そして、ボルグ一家は夕食を食べるために秋宗たちと別れてその場を後にした。

 

 

千紗希「・・・なんだか、見た目だけで判断して怖いって思ったけど、とてもいい家族だったね」

 

コガラシ「妖怪にもいいやつはいるってことさ。幽奈たちだってそうだろ?」

 

柳沢「確かにな、少し悪いことしたかもな」

 

秋宗「今度ボルグさんが働いている店に行こうぜ。
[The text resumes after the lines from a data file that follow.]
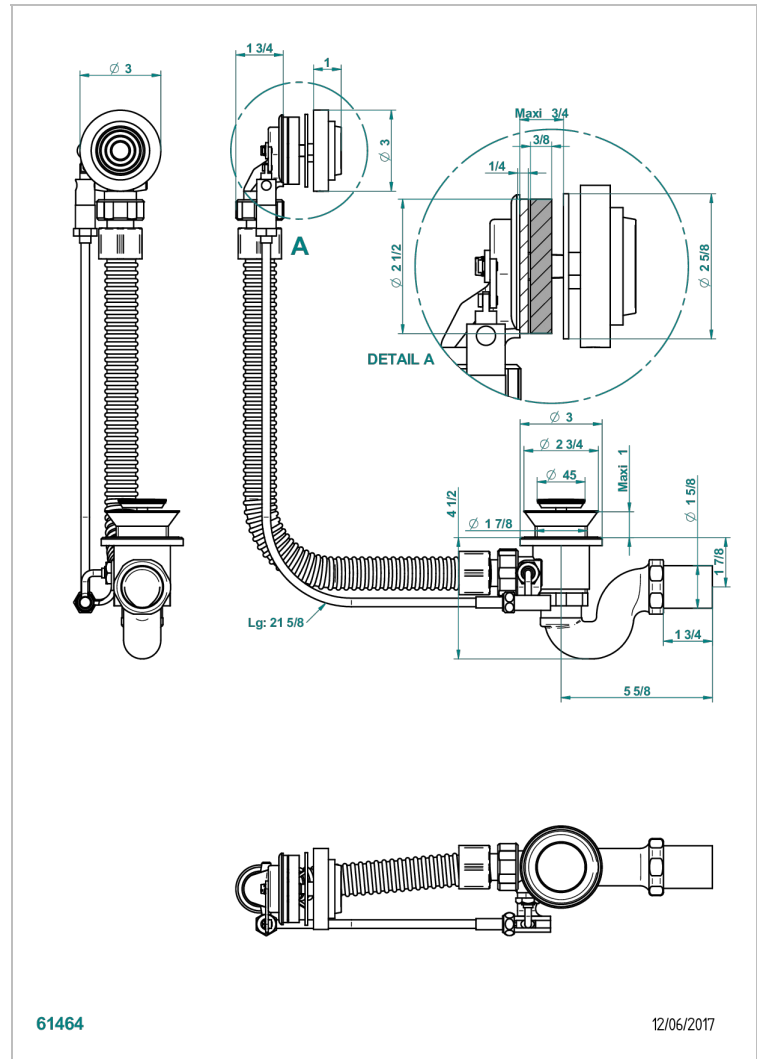

# WEST COAST WITH GUILLOCHE DECOR

U9C-300

Wannenab- und Überlaufgarniturkabel 550 mm, THG Modell

THG<sup>®</sup>  
PARIS

## EIGENSCHAFTEN

- West coast with Guilloché decor
- Wannenab- und Überlaufgarniturkabel 550 mm, THG Modell

## VERFÜGBARE OBERFLÄCHEN

Chrom - A02  
Pvd blush - H62  
Pvd blush matt - H60  
Pvd bronze braun - F33  
Pvd bronze braun matt - F34  
Pvd gold - H52

Pvd gold matt - H53  
Pvd graphite - H64  
Pvd graphite matt - H65  
Pvd messing - H49  
Pvd messing matt - H50  
Pvd nickel - H55

Pvd nickel matt - H56  
Pvd umber - H66  
Pvd umber matt - H67
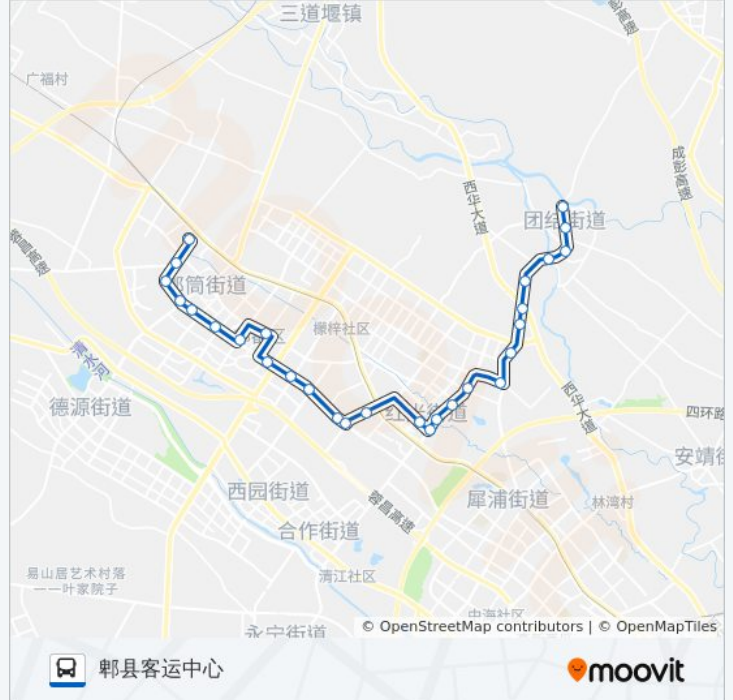

西区大道天健路口站

公交360路的时间表

往邾县客运中心方向的时间表

星期一	06:30 - 19:30
星期二	06:30 - 19:30
星期三	06:30 - 19:30
星期四	06:30 - 19:30
星期五	06:30 - 19:30
星期六	06:30 - 19:30
星期日	06:30 - 19:30

公交360路的信息

方向: 邾县客运中心

站点数量: 28

行车时间: 50 分

途经站点:

双柏村

望丛中路南北大道口

郫县人民政府第一办公区站

红瓦街口站

二环路和平村

二环路郫县一中

二环路金花桥

二环路望丛祠

郫花路口

郫县客运中心

你可以在moovitapp.com下载公交360路的PDF时间表和线路图。使用[Moovit应用程序](#)查询成都的实时公交、列车时刻表以及公共交通出行指南。

[关于Moovit](#) · [MaaS解决方案](#) · [城市列表](#) · [Moovit社区](#)

© 2023 Moovit - 版权所有

查看实时到站时间
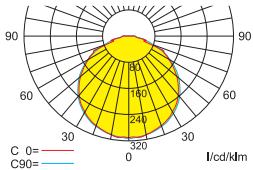

h	2,50	3,00	3,50	4,00	4,50	5,00	5,50
a	7,40	7,80	8,00	8,20	8,20	8,10	7,80
b	2,80	2,90	2,80	2,70	2,40	2,00	1,40
c	7,40	7,80	8,00	8,20	8,20	8,10	7,80
d	2,80	2,90	2,80	2,70	2,40	2,00	1,40

住所も聞いたし」

 

紫音「いいッスねそれ!」

 

 

緊張の糸が切れた秋宗たちは、ボルグ一家の背中を見ながら談笑していた。

 

 

秋宗「・・・よしっ!じゃあ俺らも飯食いに行くか、今日は奢ってやるよ」

 

柳沢「マジで!?サンキュー西条!」

 

コガラシ「何処の店にする?」

 

紫音「じゃあ駅前のラーメン屋はどうッスか?」

 

千紗希「私は何処でもいいよ」

 

 

秋宗たちは歩きながら町の方へ歩いていき銭湯を後にした。

 

すると秋宗はふとあることに気がついた。

 

 

秋宗「・・・そういや兵藤どうした?」

 

コガラシたち『・・・・・あ』

 

 

 

 

 

 

 

 

 

 

 

 

 

 

 

 

 

 

 

 

 

 

 

 

 

 

兵藤「何で俺って、いつもこうなんだ・・・?」

 

 

銭湯の更衣室で、背中の皮が剥がれた兵藤がうつ伏せで倒れており、しくしくと泣いていた。